И много дней мы плыли, бедствуя как прежде, но не так же, ибо на ладье оставался запас воды и пищи.

И так с две недели, покамест близко ко дню святых Петра и Павла не увидели мы острова. И рек Рой, что называются сии острова островами пряностей, что добавляют рыбе, чтобы не протухла, а при царских дворах во все блюда для пищевой похоти и чтоб молодеть. Подошед же к одному из островов, увидели мы удобную губу и в ней пристали.

Тогда видя нас, высыпали на брег голые арапские дети, а за ними нагие по пояс женщины столь же черные. И Рой достал невеликое зерцало и им показал и сделал знаки, чтоб меняли сие зерцало на воду и еду. Арапские же дети стали бросать в нас плодами от их изобилия, а жены достали свои же зерцала и в нас принялись ими светить и смеяться, и рожи строить. Тогда обратилась к ним Домна, и пустились все те дети и жены прочь.

И прошло немного времени, как явился пред нами военный человек в белом парусном мундире, а за ним салдаты с пищальми и саблями. И спрашивал нас тот человек галанским речением, кто мы и откуда, и стал гнев изъявлять, что он-де капитан галанского флота, а мы без его разрешения пристали. А Рой молвил по-аглицки, что спасающим душу свою разрешенья на то на надобно. Тогда изменился капитан в лице и стал яриться пуще прежнего, и сказал, что меж странами Галанской и Аглицой нынче война, и за то он Роя и нас с ним в полон берет. И окружили нас галанские салдаты, и повели к невеликой избе из великих толщиною стволов, и посадили нас внутрь, а снаружи заложили засов.

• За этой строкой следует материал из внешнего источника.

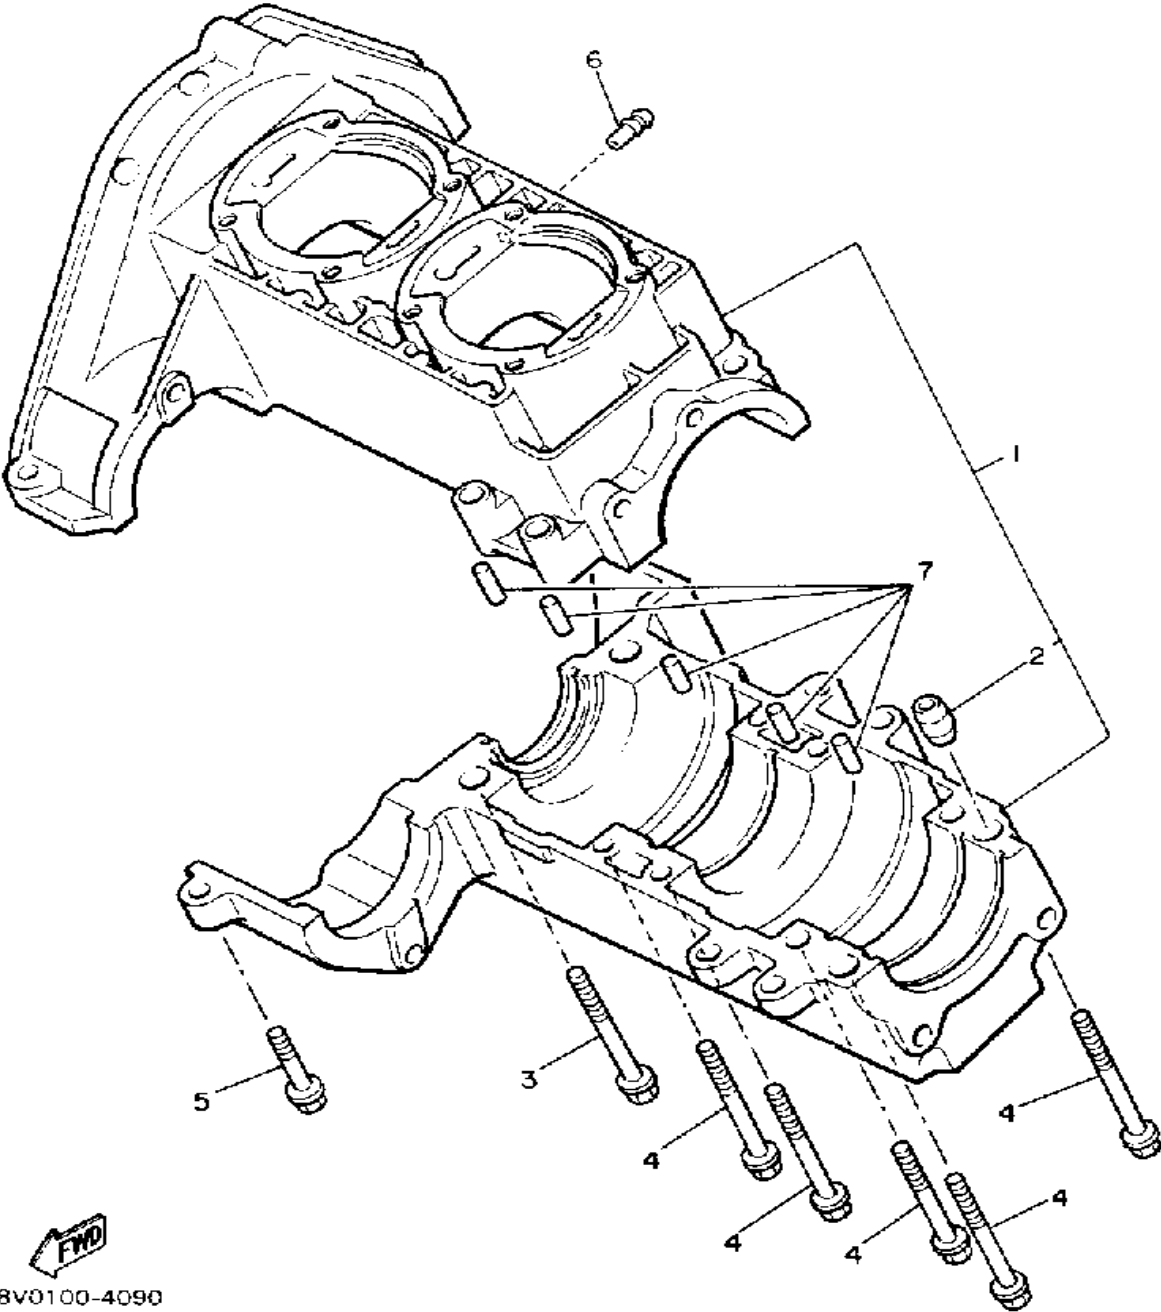

CRANKCASE

Ref. No.	Part Number	Description	Qty	Remarks
1	8V0-15100-01-00	CRANKCASE ASSEMBLY	1	
2	99510-12016-00	PIN, DOWEL	2	
3	95811-08070-00	BOLT, FLANGE	1	
4	95811-08065-00	BOLT, FLANGE	9	
5	95811-06025-00	BOLT, FLANGE	1	
6	J38-11116-00-00	JOINT, BREATHER	1	
7	93604-07141-00	PIN, DOWEL	5	

8V0100-4090

Property of www.SmallEngineDiscount.com - Not for Resale
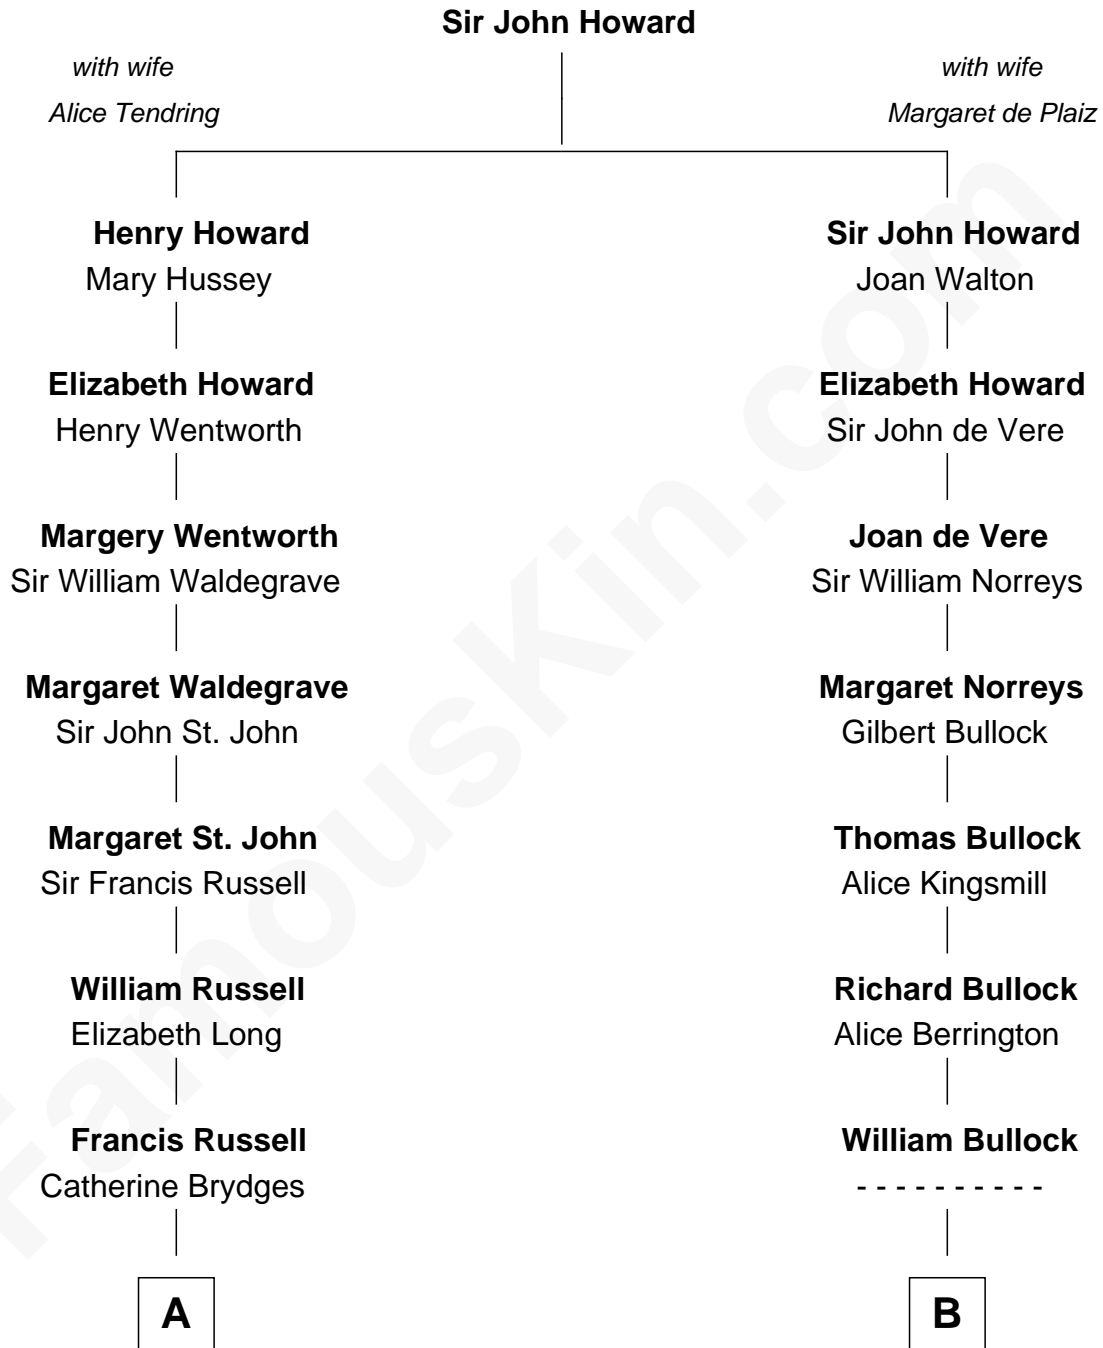

FamousKin.com

Relationship Chart of

Prince William

Prince of Wales

18th cousin 3 times removed of

Kevin Love
NBA All-Star Player

C

Princess Diana Frances Spencer
Charles III, King of the United Kingdom

Prince William
Prince of Wales

D

William Henry Wilson
Alta Lenora Chitwood

William Coral Wilson
Edith Sophia Sthole

Emily Glee Wilson
Edward Milton Love

Stanley Sthole Love
Karen McCartney

Kevin Love
NBA All-Star Player
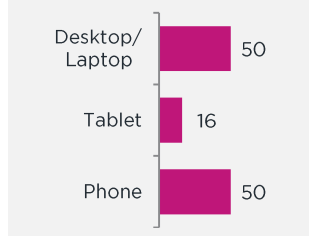

Constantia - Cape Town

insights that ignite™

Constantia - Cape Town

PAST MONTH OR MORE OFTEN

%

Do Grocery Shopping	88	PnP Family	83	Checkers	56	Woolworths	37
Go to a Garage Shop	38	BP Express Shop	50	Engen	20	Shell Select	17
Buy Take-Aways	62	KFC	53	Spur	41	McDonalds	33

BOUGHT OR LOOKED FOR IN P6M

%

Shoes & Clothing	85	Woolworths	46	Mr Price	40	Edgars	29

BOUGHT OR LOOKED FOR IN P12M

%

Audio Visual Appliances*	4	Tafelberg Furnishers	18	Incredible Connection	18	House & Home	10
Large Appliances*	5	Electric Express	22	Tafelberg Furnishers	22	House & Home	20
Small Electrical Appliances*	12	Clicks	24	Checkers Hyper	19	PnP Family	17
Furniture*	5	Independent/Specialist	39	Coricraft	26	House & Home	22
Computers*	1	Samsung Store	41	Incredible Connection	32	Hi-Fi Corporation	27
Soft Furnishings/Home Accessories	14	Mr Price Home	50	Woolworths	14	Ackermans	13
DIY/Paint*	8	Builders	57	Mica	18	Specialist Paint shop	18

FINANCE

%

Banked	72	Standard Bank	33	FNB	24	ABSA	24
Car Insurance	31	Outsurance	37	Standard Bank	11	Budget	10
Life Insurance	16	Other	30	Old Mutual	17	Discovery Life	10
Medical Aid	40	Discovery Health	48	GEMS	7	Medscheme	7

И стали мы в избе сидеть, от жара и мошек, что внутри летали и в нас вгрызались, страдая. И так просидели мы, покамест Яган не снял кушак и не стали мы пряжкою от кушака землю под стеною копать. И докопались мы до камней, и в другом месте так же, и в третьем нашли то же преткновение. И стала Домна рыдать и убиваться, и винить в тех камнях опять Ягана и всех известных ей матушек. Тогда взял Яган пряжку и стал щупать бревны, коими стены сложены. И нашед бревно подгнившее, стал Яган его пряжкою точить, а потом Рой, а после я. И вскоре выточили мы одно бревно из лапы венечной и, его раскачав, столкнули, да выбрались чрез пустое в стене место наружу и бросились к своей ладье при свете лунном, что в тех краях подобен мало не солнечному. И не нашед ладью, стали горевать. Но тут увидел Рой, что ведет одна тропа, усыпанная всякой трухою, несомненно из ветхих мешков. И пошли мы той тропой, и вскоре пришли к пристани с множеством великих кораблей. И там же увидели мы свою ладью, низко в воде сидящую от грузов, что в нее уж навалить успели. На грузах же сверху спал салдат тоже в парусном мундире.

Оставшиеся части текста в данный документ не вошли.